WHAT THE TASK ASKS. Once "নির্বাচক নিবন্ধন আধিকারিকের স্বাক্ষর" turns up in a line below, reproduce that line and those after it exactly, stopping after the line with "in mm 175x70"; leave pictures out.

- Opening Delimiter -

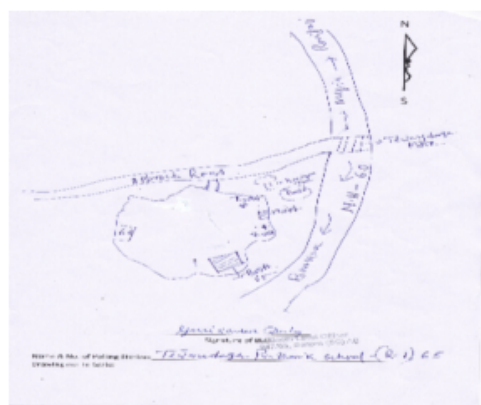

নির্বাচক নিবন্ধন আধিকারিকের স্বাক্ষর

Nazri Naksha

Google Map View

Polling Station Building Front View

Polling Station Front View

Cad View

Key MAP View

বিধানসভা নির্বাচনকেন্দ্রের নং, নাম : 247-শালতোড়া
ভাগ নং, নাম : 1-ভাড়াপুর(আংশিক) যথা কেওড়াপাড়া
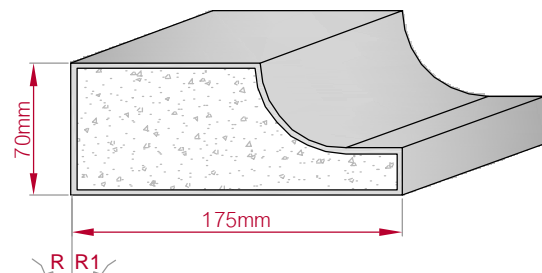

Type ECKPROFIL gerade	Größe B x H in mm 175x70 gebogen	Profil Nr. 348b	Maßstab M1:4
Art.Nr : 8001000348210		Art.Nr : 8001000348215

- Closing Delimiter -
- Opening Delimiter -

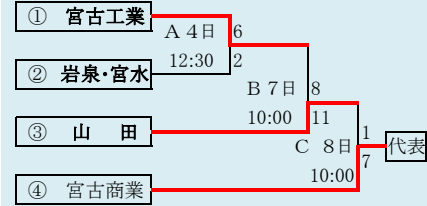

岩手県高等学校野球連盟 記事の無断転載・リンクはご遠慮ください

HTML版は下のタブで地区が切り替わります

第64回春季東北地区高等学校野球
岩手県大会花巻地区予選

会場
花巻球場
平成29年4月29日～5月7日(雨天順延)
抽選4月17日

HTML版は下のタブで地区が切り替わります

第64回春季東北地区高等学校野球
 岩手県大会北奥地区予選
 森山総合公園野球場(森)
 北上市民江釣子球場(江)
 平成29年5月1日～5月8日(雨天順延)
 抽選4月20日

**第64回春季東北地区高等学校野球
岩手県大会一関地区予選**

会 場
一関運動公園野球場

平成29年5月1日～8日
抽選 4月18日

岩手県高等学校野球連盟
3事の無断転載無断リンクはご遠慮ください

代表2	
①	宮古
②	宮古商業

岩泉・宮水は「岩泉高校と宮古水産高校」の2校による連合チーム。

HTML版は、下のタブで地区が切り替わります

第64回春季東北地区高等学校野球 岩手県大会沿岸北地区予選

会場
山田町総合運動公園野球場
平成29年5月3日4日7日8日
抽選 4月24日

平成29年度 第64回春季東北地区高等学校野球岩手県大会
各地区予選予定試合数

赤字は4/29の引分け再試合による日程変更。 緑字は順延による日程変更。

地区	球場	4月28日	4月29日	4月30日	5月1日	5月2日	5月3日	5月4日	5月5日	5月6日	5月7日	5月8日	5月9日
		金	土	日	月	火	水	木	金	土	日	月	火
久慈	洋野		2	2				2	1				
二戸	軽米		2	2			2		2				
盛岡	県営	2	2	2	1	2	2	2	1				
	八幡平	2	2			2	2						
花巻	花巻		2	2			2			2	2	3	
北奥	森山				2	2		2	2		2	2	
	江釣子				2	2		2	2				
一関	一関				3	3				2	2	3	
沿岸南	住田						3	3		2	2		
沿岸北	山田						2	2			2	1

- Closing Delimiter -

RESULT FOR THIS TASK.
নির্বাচক নিবন্ধন আধিকারিকের স্বাক্ষর

Nazri Naksha

Google Map View

Polling Station Building Front View

Polling Station Front View

Cad View

Key MAP View

বিধানসভা নির্বাচনকেন্দ্রের নং, নাম : 247-শালতোড়া
ভাগ নং, নাম : 1-ভাড়াপুর(আংশিক) যথা কেওড়াপাড়া

Type ECKPROFIL gerade	Größe B x H in mm 175x70 gebogen	Profil Nr. 348b	Maßstab M1:4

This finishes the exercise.